Is there a spontaneous symmetry breaking in finite-size Ising model with + boundary condition?

Question

My question is related to Chapter 3 of Prof. Yvan Velenik's book "Statistical Mechanics of Lattice Systems: a Concrete Mathematical Introduction".

For an Ising model defined on a finite volume $\Lambda \subset {Z^d}$, $Z^d$ is d-dimensional cubic lattice, the magnetization density $m_\Lambda ^\# (\beta ,h)$ is $$m_\Lambda ^\# (\beta ,h)\mathop \equiv \limits^{{\rm{ def }}} \left\langle {\frac{1}{{|\Lambda |}}\sum\limits_{i \in \Lambda } {{\sigma _i}} } \right\rangle _{\Lambda ;\beta ,h}^\#$$

Here '#' denotes the boundary condition, $h$ is the external magnetic field, $|\Lambda |$ is the number of lattice points in $\Lambda$ and ${\sigma _i}$ is the spin on point $i$, $\left\langle {} \right\rangle _{\Lambda ;\beta ,h}^\#$ is the ensemble average.
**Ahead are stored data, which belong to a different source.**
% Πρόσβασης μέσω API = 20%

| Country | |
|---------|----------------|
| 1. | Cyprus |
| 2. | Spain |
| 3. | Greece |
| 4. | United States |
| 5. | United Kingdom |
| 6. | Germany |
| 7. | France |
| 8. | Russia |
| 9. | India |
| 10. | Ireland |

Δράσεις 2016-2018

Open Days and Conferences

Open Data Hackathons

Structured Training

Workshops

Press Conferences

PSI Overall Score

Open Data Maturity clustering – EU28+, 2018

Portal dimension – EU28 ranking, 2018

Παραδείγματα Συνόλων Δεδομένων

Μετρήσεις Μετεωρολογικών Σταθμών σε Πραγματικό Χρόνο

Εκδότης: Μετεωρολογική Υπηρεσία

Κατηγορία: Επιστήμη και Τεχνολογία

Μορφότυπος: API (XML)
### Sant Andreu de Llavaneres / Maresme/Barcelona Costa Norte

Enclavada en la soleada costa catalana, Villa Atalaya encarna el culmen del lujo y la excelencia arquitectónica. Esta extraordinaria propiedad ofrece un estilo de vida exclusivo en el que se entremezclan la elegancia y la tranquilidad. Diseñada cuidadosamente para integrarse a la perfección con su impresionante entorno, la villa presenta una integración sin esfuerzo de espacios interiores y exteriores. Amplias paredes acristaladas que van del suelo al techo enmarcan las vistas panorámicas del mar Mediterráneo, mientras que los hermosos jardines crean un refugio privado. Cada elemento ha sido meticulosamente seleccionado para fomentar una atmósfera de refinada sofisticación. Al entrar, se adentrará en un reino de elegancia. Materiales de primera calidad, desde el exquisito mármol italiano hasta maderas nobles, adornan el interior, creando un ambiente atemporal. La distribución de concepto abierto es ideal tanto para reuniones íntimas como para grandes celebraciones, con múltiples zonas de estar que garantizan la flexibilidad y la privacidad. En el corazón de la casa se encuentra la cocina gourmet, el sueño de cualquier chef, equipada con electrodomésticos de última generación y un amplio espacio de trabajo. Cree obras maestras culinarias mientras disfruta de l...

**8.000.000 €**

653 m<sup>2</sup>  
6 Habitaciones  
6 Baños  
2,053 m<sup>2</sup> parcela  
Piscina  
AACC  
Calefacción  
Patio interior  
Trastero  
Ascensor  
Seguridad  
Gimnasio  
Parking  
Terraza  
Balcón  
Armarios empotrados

In finite system, $m_\Lambda ^\# (\beta ,h)$ should be a real analytic function and it is an odd function with respect to $h$. Therefore, no net manetization density at $h=0$.
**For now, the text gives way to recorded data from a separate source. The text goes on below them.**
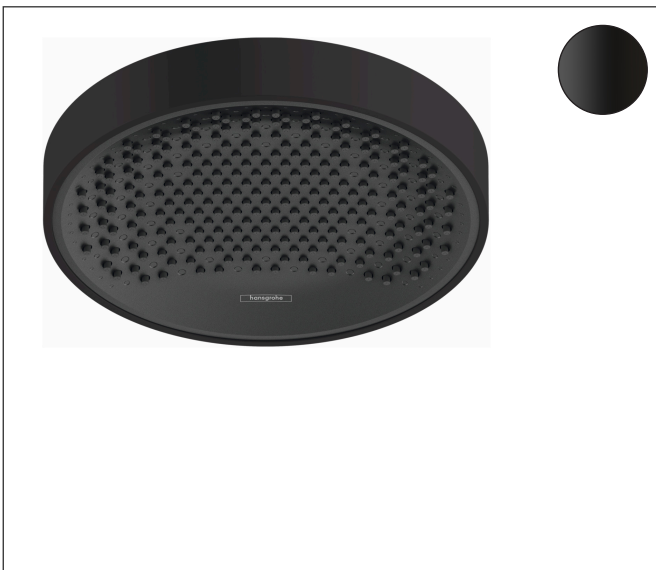

Merk hansgrohe
 Artikelnaam **Rainfinity** PowderRain hoofddouche 250 1jet
 Art.nr. 26228670
 Oppervlakte mat zwart
 Netto prijs 1.065,65 EUR

Product foto

Kenmerken

- diameter straalplaat 250 mm
- PowderRain
- FlexPower: straalnoppen passen zich automatisch aan de waterdruk aan door te openen en te sluiten
- QuickClean+: voorkom kalkaanslag dankzij de elasticiteit van de straalnoppen
- doorstroomhoeveelheid PowderRain-straal bij 3 bar: 16 l/min
- functie van: 7,9 l/min
- maximale doorstroomhoeveelheid bij 3 bar: 16 l/min
- straalhoek hoofddouche verstelbaar ($2 \times 5^\circ$)
- frame: metaal
- afdekplaat van aluminium
- oppervlak straalplaat: grafiet
- plafonddouche afneembaar voor reiniging

Maat tekeningen

Technologie

Straalsoorten

Merk hansgrohe
 Artikelnaam **Rainfinity** PowderRain hoofddouche 250 ljet
 Art.nr. 26228670
 Oppervlakte mat zwart
 Netto prijs 1.065,65 EUR

Benodigde onderdelen (naar keuze)

Merk hansgrohe
 Artikelnaam **Rainfinity** PowderRain hoofddouche 250 1jet
 Art.nr. 26228670
 Oppervlakte mat zwart
 Netto prijs 1.065,65 EUR

Stroomschema

De verbruikswaarden werden in overeenstemming met de praktijk met de bijbehorende armaturen (thermostaat/mengkraan/inbouwventiel) gemeten.

Merk	hansgrohe
Artikelnaam	Rainfinity PowderRain hoofddouche 250 1jet
Art.nr.	26228670
Oppervlakte	mat zwart
Netto prijs	1.065,65 EUR

Explosietekening voor bouwjaar: >01/21

Merk hansgrohe
 Artikelnaam **Rainfinity** PowderRain hoofddouche 250 1jet
 Art.nr. 26228670
 Oppervlakte mat zwart
 Netto prijs 1.065,65 EUR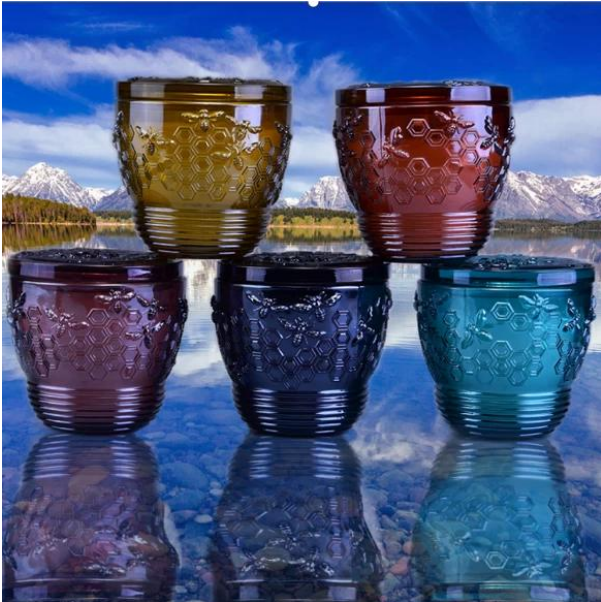

Vantagem diferenciada de mercado

. Foco em design de luxo

. Fornecedor de marcas de fragrâncias aproximadamente 80% dos EUA

. AQL mais 6 Sunny estrito padrão de inspeção QC

. Mantenha a qualidade consistente com amostras e produtos a granel

Sense of Ceremony Design

. Recebeu prêmios de Beleza do Made-in-China

. Tenho uma grande admiração por fragrâncias NEST

. Amigos ou presentes de relacionamento comercial

. Relaxamento e relaxamento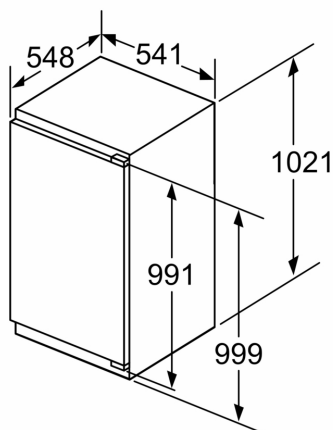

Serie 4, Inbouw koelkast, 102.5 x 56 cm, Vlakscharnier KIR31SFE0

Maximaal toegestaan gewicht van de fronten van de eenheden

Δ : Gewicht

A: Hoogte van de apparaatdeur inclusief scharnieren in mm

B: Ongedempt scharnier, eenheidsfront in kg

C: Gedempt scharnier, front van de eenheid in kg

D: Aanvullende mogelijke belasting in kg met heavy load set

A	B	C	D
1500-1750	22	22	
720-1400	19	19	B+5 / C+5
A1	15	19	
A2	15	19	

Afmeting in mm

Afmeting in mm

Afmeting in mm

A: $\geq 560 \text{ mm}$ (aanbevolen)

B: Stopcontact

Afmeting in mm

Aanbeveling tussenruimtes voor vlakscharnier

F	R	X
16-19	0-3	2,5
20	0-1	3
	2-3	2,5
21	0-1	3
	2-3	2,5
22	0	4
	1	3,5
	2-3	3

De in de tabel aanbevolen tussenruimtes moeten worden aangehouden, om een botsingsvrije opening van de apparaatdeuren te waarborgen en beschadiging aan keukenmeubels te vermijden.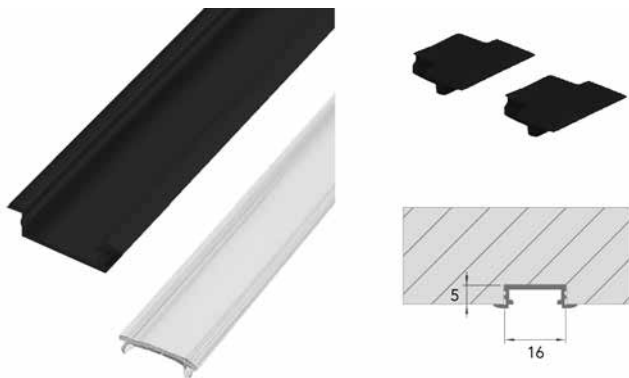

PROFIELEN VOOR FLEXIBELE LED VERLICHTING

**Inbouwprofiel type LL-03 voor flexibele Led verlichting**

- profiel voor inbouw
- eindkappen en afdekprofiel afzonderlijk te bestellen
- inbouw- en afdekprofiel per stuk (1 stuk = 3000 mm)
- geschikt voor flexibele led verlichting CR, HE CR, HE6B, UHE6B en HE8FS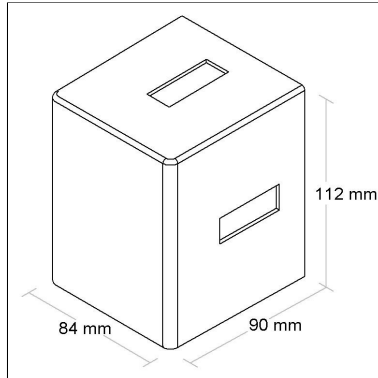

BL8093A

CÓD BL8093A

TEMPERATURA DE COR

2700K

80
IRC

DIMENSÃO - BL8093A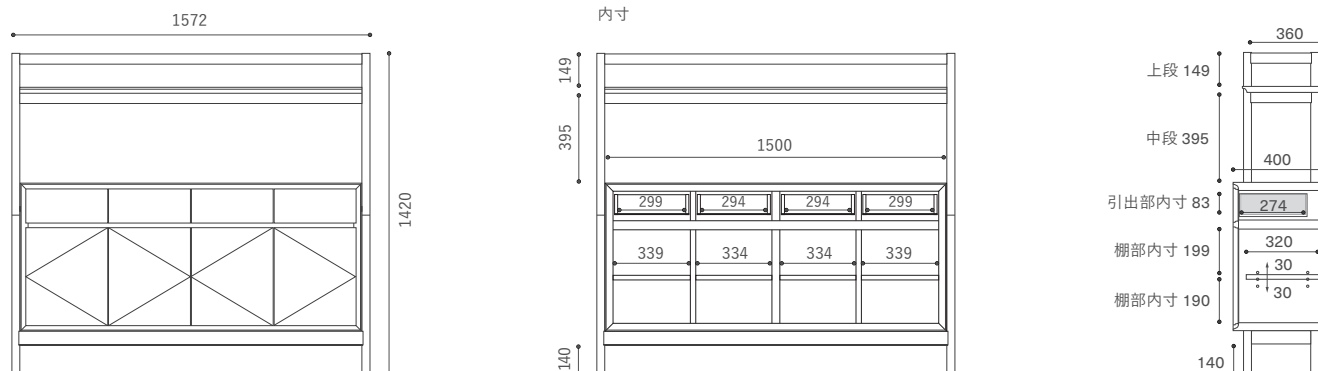

※オプションハンガーは通常、上記の位置に取り付けます。
 ご希望がある場合は注文時にご指定ください。

USB2

ユーエスピーツー サイドボード

Year of Production 2023-

Designer: 小林 幹也

157

127

097

My question is dose the above statement also holds for $m_\Lambda ^ + (\beta ,h)$, that is with the + boundary condition. As can be proved (page 106), $$\left\langle {{\sigma _0}} \right\rangle _{\beta ,h}^ + \le m_\Lambda ^ + (\beta ,h)$$
where $\left\langle {} \right\rangle _{\beta ,h}^ + $ is an infinite-volume Gibbs state with + boundary conddition. When $\beta$ is large, such that we have spontaneous symmetry breaking, $\left\langle {{\sigma _0}} \right\rangle _{\beta ,0}^ + > 0$. Does that mean we have $$m_\Lambda ^ + (\beta ,0)>0$$ that is spontaneous magnetization density in finite system with + boundary condition at $h=0$?
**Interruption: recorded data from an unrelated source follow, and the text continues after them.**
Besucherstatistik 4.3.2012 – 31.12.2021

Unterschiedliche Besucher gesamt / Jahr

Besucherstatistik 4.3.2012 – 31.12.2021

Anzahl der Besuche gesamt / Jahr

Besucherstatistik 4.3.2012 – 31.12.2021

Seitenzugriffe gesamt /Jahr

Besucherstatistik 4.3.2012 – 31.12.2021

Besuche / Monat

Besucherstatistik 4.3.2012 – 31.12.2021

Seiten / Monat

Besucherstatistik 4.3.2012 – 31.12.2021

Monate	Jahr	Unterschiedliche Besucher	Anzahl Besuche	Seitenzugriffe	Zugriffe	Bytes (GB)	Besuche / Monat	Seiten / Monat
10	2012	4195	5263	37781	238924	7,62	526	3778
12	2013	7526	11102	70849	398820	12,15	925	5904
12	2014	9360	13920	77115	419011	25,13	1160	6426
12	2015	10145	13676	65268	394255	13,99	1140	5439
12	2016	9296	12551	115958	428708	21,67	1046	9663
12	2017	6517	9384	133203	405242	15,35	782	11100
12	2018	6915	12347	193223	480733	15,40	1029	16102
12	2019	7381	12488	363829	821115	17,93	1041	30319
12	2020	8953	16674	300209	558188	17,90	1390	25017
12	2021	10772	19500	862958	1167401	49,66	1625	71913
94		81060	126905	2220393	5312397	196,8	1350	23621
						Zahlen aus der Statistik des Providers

From another angle, $m_\Lambda ^\# (\beta ,0)=0$ can be seen from $m_\Lambda ^\# (\beta ,h) = - \frac{1}{{|\Lambda |}}\frac{{\partial F_\Lambda ^\# (\beta ,h)}}{{\partial h}}$, where $F$ is the Helmholtz free energy. (In the book, $\psi$ page 83 is used instead of $F$. I think they give the same result) Since, $F_\Lambda ^\# (\beta ,h)$ is an even function of $h$, $m_\Lambda ^\# (\beta ,h)$ is odd which certainly gives $m_\Lambda ^\# (\beta ,0)=0$.

But for $F_\Lambda ^ + (\beta ,h)$, what we have is $F_\Lambda ^ + (\beta ,h) = F_\Lambda ^ - (\beta , - h)$. $F_\Lambda ^ + (\beta ,h)$ is not an even function itself.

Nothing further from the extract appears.